Появление «Русской тетради» совпало с возникновением того течения в советской музыке, которое было наименовано «Новая фольклорная волна». В предыдущее десятилетие, в пору первой робкой оттепели молодые советские композиторы жадно набросились на просачивавшиеся сквозь отверстия в железном занавесе авангардистские приемы письма, которые могли бы, как им верилось, увести их от насильно насаждавшегося традиционного мышления и его атрибутов — функциональной гармонии, квадратных структур, неменяющихся размеров. Новые техники, среди которых доминировала додекафонно-серийная, однако, не сделали этих авторов оригинальными. Но когда неудовлетворенные молодые композиторы (это случалось, главным образом, в годы консерваторской учебы, но продолжалось и позднее) отправились в фольклорные экспедиции (которые возглавлялись, как правило, горячим энтузиастом и знатоком своего дела), они вдруг обнаружили, что искомые ими новые средства выражения уже давно существуют, и прежде всего — в старых, архаических слоях народного творчества. Господствовавшее мнение, что вся фольклорная руда переплавлена классиками, оказалось неверным. Талантливейшие композиторы — среди российских Р. К. Щедрин, Б. И. Тищенко, С. М. Слонимский, Л. А. Пригожий и другие, воспользовавшись драгоценными залежами, эффективно обогатили фонды современной музыки. Для некоторых, однако, самобытные песенные и инструментальные образцы оставались экзотикой. Гаврилин же, как уже замечалось, освоил их давным-давно. На народном языке он говорил, далеко уходя от догм, свободно, о чем хотел. Отстоявшиеся интонационные формулы он преображал настолько, что узнать их в смелых и сложных звуковых построениях становилось трудно. Ему фольклорные экспедиции были вроде бы ни к чему, но он охотно участвовал в них: было интересно, как поют и играют в иных, близких и далеких от Вологодской, областях.

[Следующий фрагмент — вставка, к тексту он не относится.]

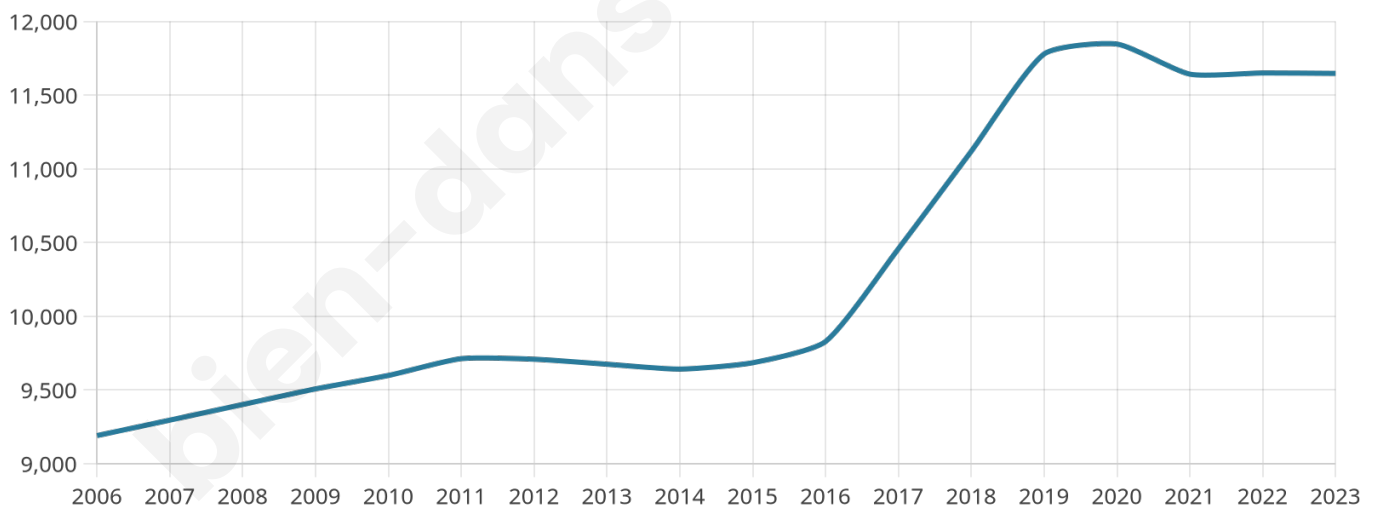

Nombre d'habitants

11 647

Age moyen

39 ans

Pop active

47.5%

Taux chômage

6.1%

Pop densité

2 329 h/km²

Revenu moyen

27 830 €/an

Evolution du nombre d'habitants

Sources : Institut national de la statistique et des études économiques (insee) selon Les dernières parutions officielles de 2024 portant sur les années 2020, 2021 et 2022.

Tranche d'âge

Activité professionnelle

Niveau de diplôme

Composition des ménages

Profils électoraux

Premier tour

	Emmanuel MACRON	29.57 %
	Jean-Luc MÉLENCHON	21.67 %
	Marine LE PEN	21.30 %
	Éric ZEMMOUR	8.49 %
	Valérie PÉCRESE	5.25 %
	Nicolas DUPONT-AIGNAN	4.04 %
	Yannick JADOT	4.02 %
	Fabien ROUSSEL	1.80 %
	Jean LASSALLE	1.70 %
	Anne HIDALGO	1.11 %
	Philippe POUTOU	0.66 %
	Nathalie ARTHAUD	0.39 %

«Русская тетрадь» тогда была притчей во языцех. Ее обсуждали, ею восторгались, о ней спорили. Довелось мне слышать и критические суждения. Одно из них высказывал видный знаток фольклора, живший тогда в Саратове и возглавлявший тамошнюю Консерваторию профессор Лев Львович Христиансен. Не поручусь за точность слов, но смысл их был таков: народность «Русской тетради» — какая-то сомнительная, не настоящая. В народной песне не встречается выражения острой сиюминутной боли — страдание объективизировано, словно бы разделено многими. Герои фольклора, даже обделенные судьбой, переживающие несчастье — люди нравственного здоровья. Героиня же гаврилинского цикла - чересчур экзальтированная, психически и морально ущербная. Каждое из приведенных тут суждений может быть оспорено, но я не стану вступать в запоздалую дискуссию с оппонентом, которого, увы, уже давно нет на свете. Выскажу лишь убеждение: когда рождается произведение столь свежее, наделенное такой силой художественного внушения, привычные критерии оценки могут оказаться для него застарелыми, узкими и должны, следовательно, быть пересмотрены. Ну, конечно же, народность «Русской тетради» далека от народности «Кубанских казаков» Пырьева (в фильме этом, по-моему, много хорошего, в частности, музыка Дунаевского — нужно только воспринимать картину не как быль, а как сказку), но она сродни народности, скажем, Шукшина. Она смыкается не столько с соцреализмом, сколько с сюрреализмом.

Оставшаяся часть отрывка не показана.